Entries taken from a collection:
┏━━

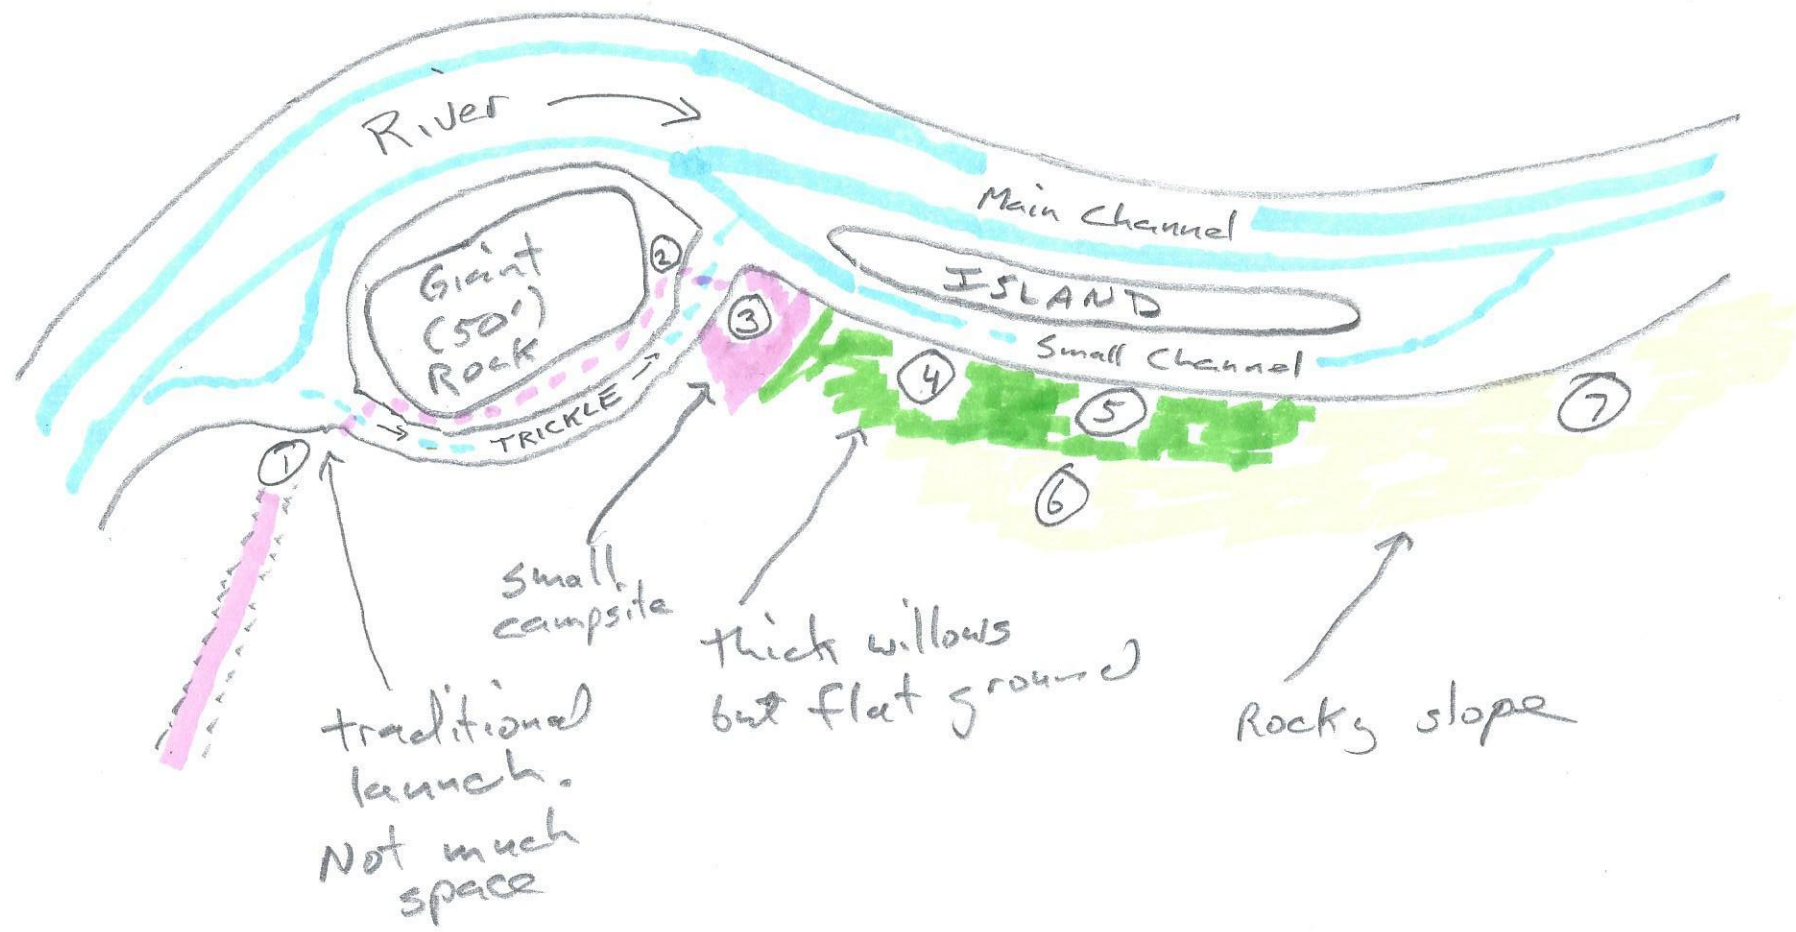

Delta R - Bottom of Portage

traditional launch.
Not much space

Small campsite

thick willows
but flat ground

Rocky slope
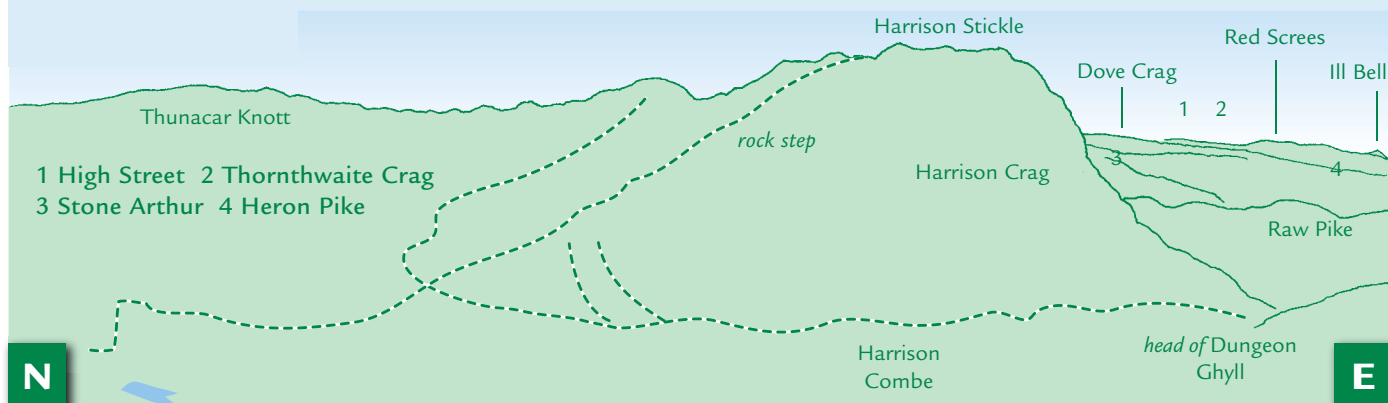

PANORAMA from Loft Crag (GR277072) 692m

This graphic is an extract from **The Central Fells**,
volume one in the **Lakeland Fellranger** series published in April 2008 by Cicerone Press
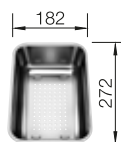

Multifunctional colander
231178
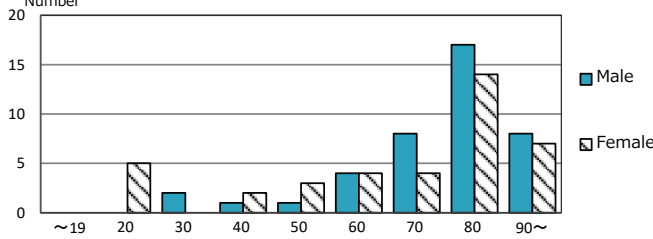

Age-sex composition of notified cases, 2016

┗━━

PROBLEM -
Transcribe the data exactly and leave no picture in the copy.

EXERCISE ANSWER -
Delta R - Bottom of Portage

traditional launch.
Not much space

Small campsite

thick willows
but flat ground

Rocky slope

PANORAMA from Loft Crag (GR277072) 692m

This graphic is an extract from **The Central Fells**,
volume one in the **Lakeland Fellranger** series published in April 2008 by Cicerone Press

Multifunctional colander
231178

Age-sex composition of notified cases, 2016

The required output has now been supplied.